Nesse sentido, o autor critica a representatividade, mostrando que pessoas de cor adentrando
em instituições e/ou ficando em posições de poder não significa uma uma vida sem medo para
pessoas racializadas. Como exemplo, é possível relembrar da história que Coates conta sobre
Prince Jones, um colega de universidade brilhante e amoroso. Prince um dia foi parado por um
policial sem distintivo e com uma arma na mão. Morreu ali, há poucos metros da casa de sua
noiva. Depois, como justificativa, o policial alegou que ele havia tentado atropelá-lo com o seu
jipe. O policial era negro, os políticos que davam o aval para o policial matar eram negros, o
corpo sem vida era o corpo de um jovem negro. Também, é possível criticar a presidência de
Obama, o primeiro presidente negro dos Estados Unidos, eleito anos após o assassinato do
amigo de Coates. Um homem negro ter atingido o posto de poder mais importante dos Estados
Unidos, talvez do mundo, não chegou perto de resolver a questão racial no país e os corpos
racializados continuaram, como sempre, sendo sujeitados pelo Estado. Essas são algumas
evidências de como o racismo é estrutural, ou seja, foi formado por processos históricos e
políticos, alguns deles explicitados nesse texto, que criaram as condições sociais para que
pessoas racializadas sejam discriminadas de forma sistemática.

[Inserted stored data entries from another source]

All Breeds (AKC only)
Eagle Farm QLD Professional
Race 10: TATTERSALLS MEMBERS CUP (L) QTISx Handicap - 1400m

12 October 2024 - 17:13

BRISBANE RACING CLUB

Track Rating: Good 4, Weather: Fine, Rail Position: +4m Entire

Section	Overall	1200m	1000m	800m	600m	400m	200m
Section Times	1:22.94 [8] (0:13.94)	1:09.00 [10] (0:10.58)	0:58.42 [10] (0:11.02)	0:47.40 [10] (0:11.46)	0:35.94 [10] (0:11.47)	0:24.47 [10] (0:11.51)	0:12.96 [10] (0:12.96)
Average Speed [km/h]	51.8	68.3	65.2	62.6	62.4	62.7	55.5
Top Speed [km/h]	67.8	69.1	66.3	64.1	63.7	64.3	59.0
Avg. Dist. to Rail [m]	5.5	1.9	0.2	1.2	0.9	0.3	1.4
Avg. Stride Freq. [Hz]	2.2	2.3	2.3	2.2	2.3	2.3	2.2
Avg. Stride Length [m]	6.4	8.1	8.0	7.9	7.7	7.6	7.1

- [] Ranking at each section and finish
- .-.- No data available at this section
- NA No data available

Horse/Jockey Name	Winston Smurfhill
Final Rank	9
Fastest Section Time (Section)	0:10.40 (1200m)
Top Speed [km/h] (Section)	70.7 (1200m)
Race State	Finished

Se, no século XX, a nação mais poderosa do mundo começou a usar de artifícios semelhantes
àqueles utilizados pela Europa colonialista, é porque, como ela, os Estados Unidos quis se
tornar, e se tornou, um Império. A mesma lógica de lucro acima das vidas e da natureza são
seguidos por eles e, a cada nova crise do capitalismo, a desigualdade piora, os ricos se tornam
cada vez mais ricos, enquanto as pessoas racializadas e de classe baixa sofrem, sobrevivem e
resistem. Se antes a máquina colonial estava fadada ao fracasso, como disse Sartre, a máquina
neoliberal do século XXI também está porque segue os mesmos passos de sua antecessora.

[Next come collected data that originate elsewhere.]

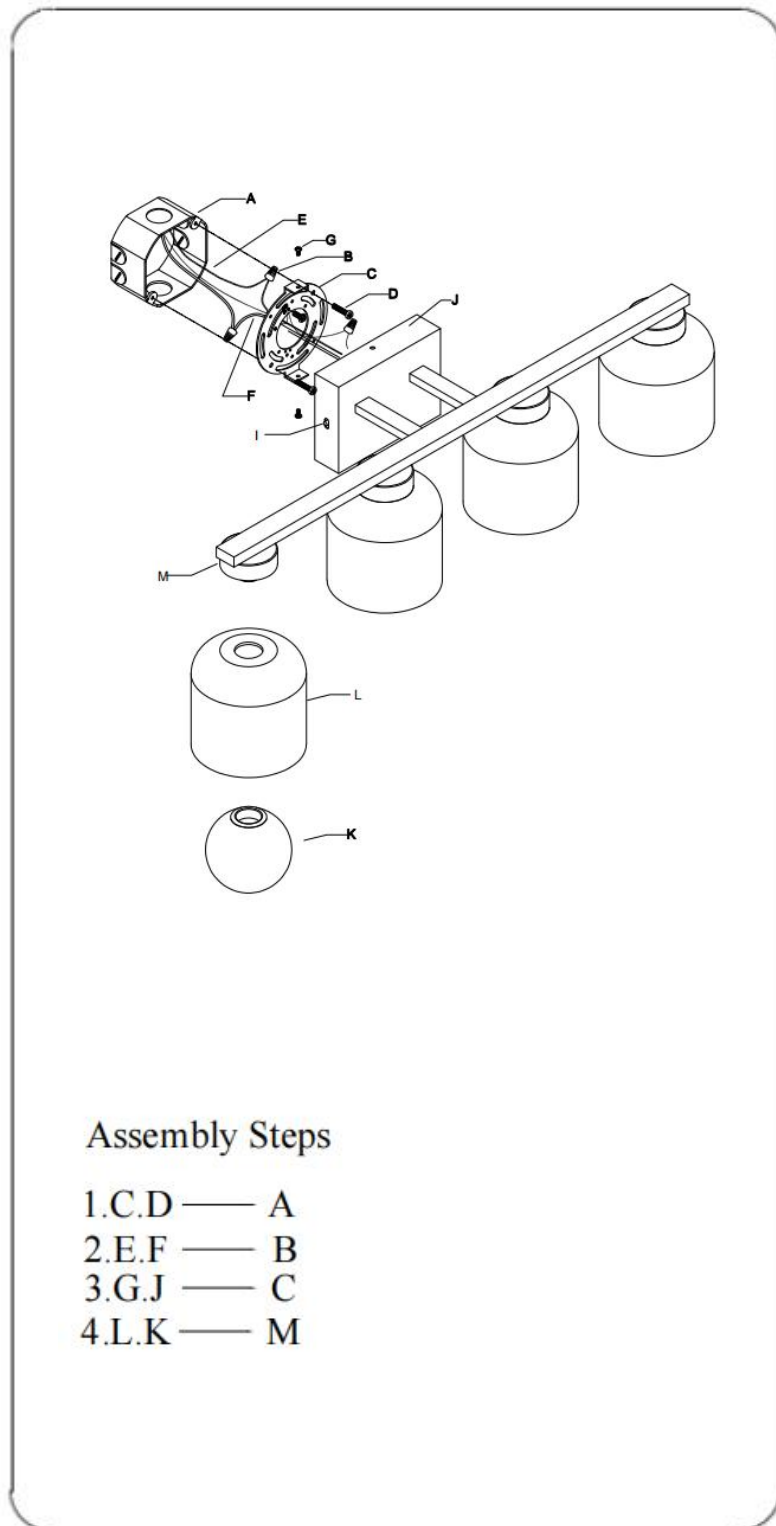

Assembly Steps

- 1.C.D — A
- 2.E.F — B
- 3.G.J — C
- 4.L.K — M

WIRE CONNECTION DIAGRAM

Wires meeting safety standards are required to connect the electrical circuit.

CAUTION: Risk of fire

Please read all instructions carefully. Before you proceed to install, make sure that the power supply is turned off and remains off until installation is completed.

PARTS INCLUDED

Code	Part Description	QTY
A	Junction box	0
B	Wire nuts	3
C	Mounting bracket	1
D	Studs	2
E	Leading wires	2
F	Wires	2
G	Screws	2
J	Canopy	1
I	Color temperature switch	1
K	Glass shades (inner)	4
L	Glass shades (outer)	4
M	Lamp cups	4

Após séculos de exploração, corpos que não importam continuam a ser combustível para a
máquina e, agora, correm o risco de serem os primeiros a sofrer com a crise climática. A
esperança da geração que lutou nos anos 1960 nos Estados Unidos era que, em algum momento,
os Sonhadores iriam colher o que semearam. Coates, por outro lado, diz que “se os Sonhadores
fossem colher o que tinham semeado, todos colheríamos junto com eles”.

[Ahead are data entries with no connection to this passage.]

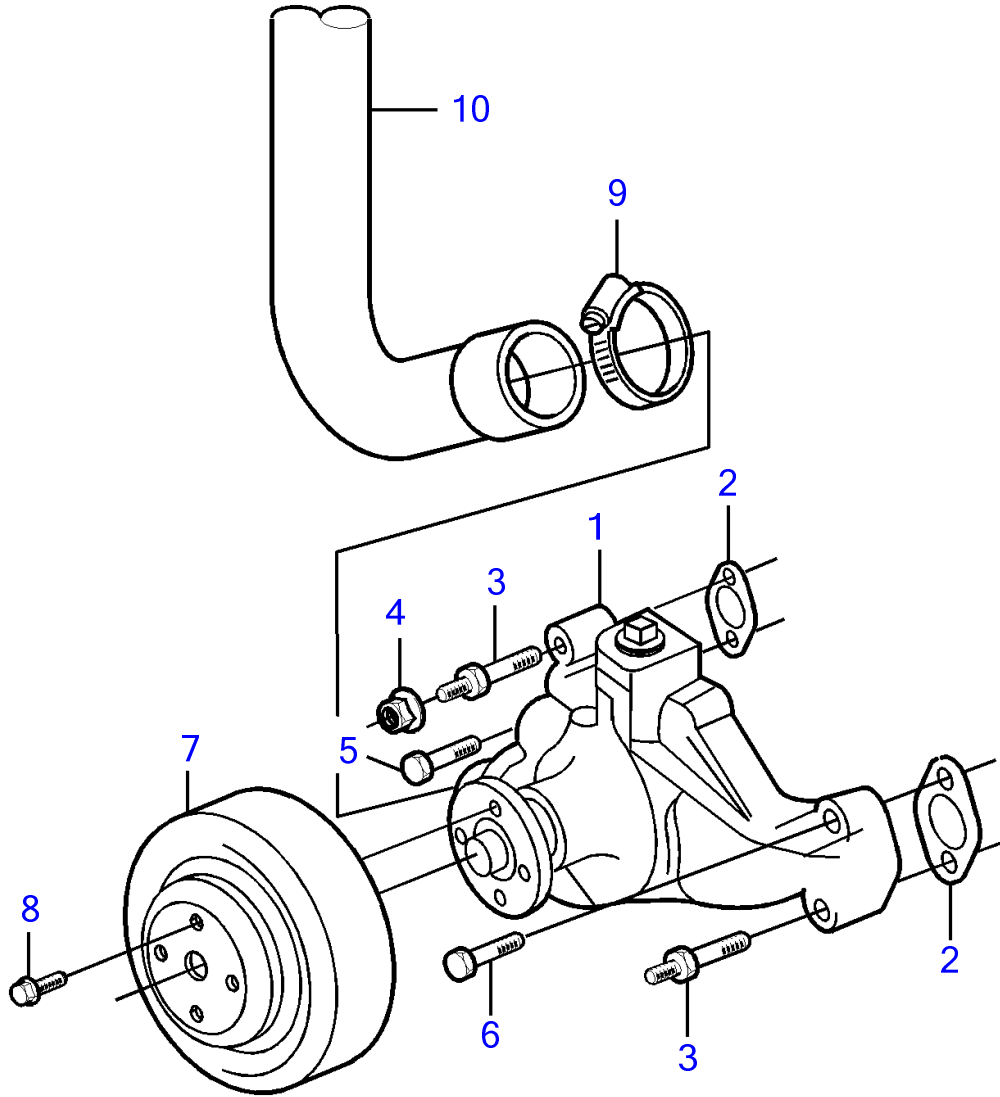

V8-300-B, V8-320-B

V8-300-B, V8-320-B

| REF | PART NO. | QTY | DESCRIPTION | NOTES |
|-----|-----------|-----|------------------|--------------------------------------|
| 1 | 3853850 | 1 | Circulation pump | |
| 2 | 3852477 | 2 | Gasket | |
| 3 | 3856147 | 2 | Stud | |
| 4 | 3853403 | 1 | Nut retainer | |
| 5 | (3856137) | 1 | Bolt | Obsolete part |
| 6 | 3856136 | 1 | Bolt | |
| 7 | 3860083 | 1 | Pulley | |
| 8 | 3863054 | 4 | Flange screw | |
| 9 | 3863438 | 1 | Hose clamp | |
| 10 | | 1 | Hose | Thermostat housing or heat exchanger |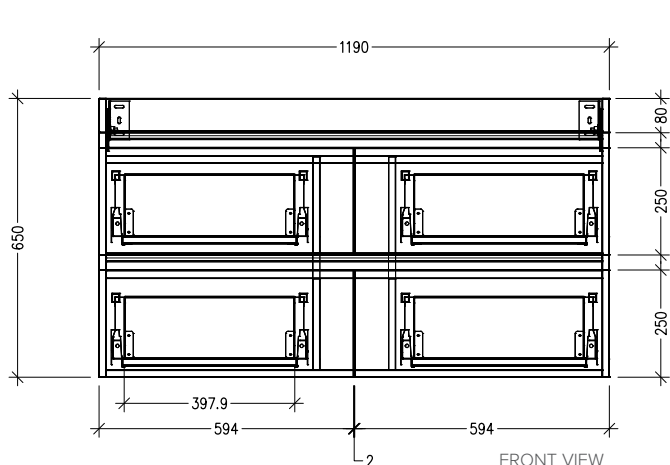

SPECIFICATION SHEET

Brookfield 1200mm 4 Drawer Double Basin Wall Vanity

Features

- Wall Hung
- 4 Drawers
- Double Basin
- Laminate Woodgrain & Solid Colours on MR Board
- Dimensions: H670 x W1200 x D465
- Plumbing provision has been allowed for with a 60mm space behind lower drawers. Note lower drawers DO NOT have a plumbing cutout and are designed to offer full storage space

Colour Options with Code

Technical Details

Note: All measurements shown are in millimetres. Sizes are nominal.

SPECIFICATION SHEET

1200mm Double Basin Options

Via

StoneCast with overflow
 Gloss White - VIA
 Matte White - VIAMW

W1210 x D460 x H20

Ponti

StoneCast with overflow
 Gloss White - PO

W1204 x D460 x H50

Ari

StoneCast with overflow
 Gloss White - VA

W1200 x D465 x H50

SPECIFICATION SHEET

1200mm Double Basin Options

Clasico

Vitreous China with overflow
Gloss White - VC

W1210 x D465 x H20

Vercelli

Vitreous China with overflow
Gloss White - VE

W1216 x D460 x H15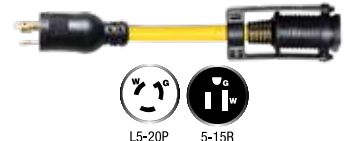

E-ZEELOCK LOCKING PLUG TO U-GROUND CONNECTOR PRO SERIES										
ITEM PN#	CORD LENGTH	WIRE GAUGE	WIRE TYPE	WIRE COLOR	OUTLETS	PLUG TYPE	RECEPTACLE TYPE	POWER RATING AMPS	WATTS	PACK QTY
04-00092	1ft	12/3	STW	Yellow	1	L5-20P	5-15R	15	1875	10

E-ZEELOCK U-GROUND PLUG TO LOCKING CONNECTOR PRO SERIES										
ITEM PN#	CORD LENGTH	WIRE GAUGE	WIRE TYPE	WIRE COLOR	OUTLETS	PLUG TYPE	RECEPTACLE TYPE	POWER RATING AMPS	WATTS	PACK QTY
04-00093	1ft	12/3	STW	Yellow	1	5-15P	L5-20R	15	1875	10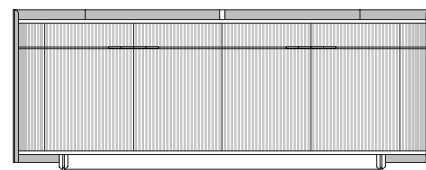

Eclipse

Design: Andrea Bonini

Description

Sideboard with structure in MDF and plywood, glossy hand-decorated polyester finish, with leather application. Four doors with ribbed wood decoration. Two internal compartments each equipped with a glass shelf. Internal walls covered in microfiber. Decorative details and handles in metal, light gold finish. Made in Italy.

Dimensions

92"1/2W x 21"1/4D x 34"1/4H

92"1/2

34"1/4

21"1/4

21"1/4

“Descorporificados”: é dessa forma que a sociedade americana (e não apenas ela) faz as pessoas
racializadas se sentirem. O corpo com cor, construído por uma necessidade de dominação,
criado para ser o contraste, é alvejado pelas pessoas, pelas instituições, pela economia e pelo
direito. Quem o habita precisa estar o tempo todo em guarda, viver com medo, porque tudo
“acabará atingindo, com grande violência, o corpo”. A morte de Prince Jones fez com que a
fúria substituísse o medo em Coates e nessa fúria que ardia e arderá pelo resto de seus dias, ele
buscou fazer mais perguntas, as quais não apenas o tiraram do Sonho, mas o ensinaram a lutar
e a considerar as perguntas, muitas vezes, mais importantes que as respostas. É isso, no fim,
que Coates aconselha a Samori, seu filho: lutar pela memória dos ancestrais, lutar pela
sabedoria, lutar pela integridade do seu corpo, mas não pelos Sonhadores. O pensamento
decolonial parece começar nos corpos desimportantes, ao possibilitar a eles o acesso a outras
histórias, ao fornecê-los a seiva que fortifica, que dá coragem para viver fora do Sonho. A
consequência disso é a fúria que arde no corpo e se transforma em luta: “talvez tudo que
tenhamos seja a luta, porque o deus da história é ateu, e nada que diga respeito ao seu mundo,
à história, deveria necessariamente ser como é”.
Referências Bibliográficas
COATES, Ta-Nehisi. Entre o mundo e eu. Trad. P. Geiger, Rio de Janeiro: Objetiva, 2015.
FANON, Frantz. Pele Negra, Máscaras Brancas. São Paulo: Ubu, 2020
LORDE, Audre. Irmã Outsider. Ensaios e Conferências, Belo Horizonte: Autêntica, 2019.
YOUNG, Robert J.C. Desejo Colonial. Hibridismo em teoria, cultura e raça, trad. Sergio
Medeiros, São Paulo: Perspectiva, 2005.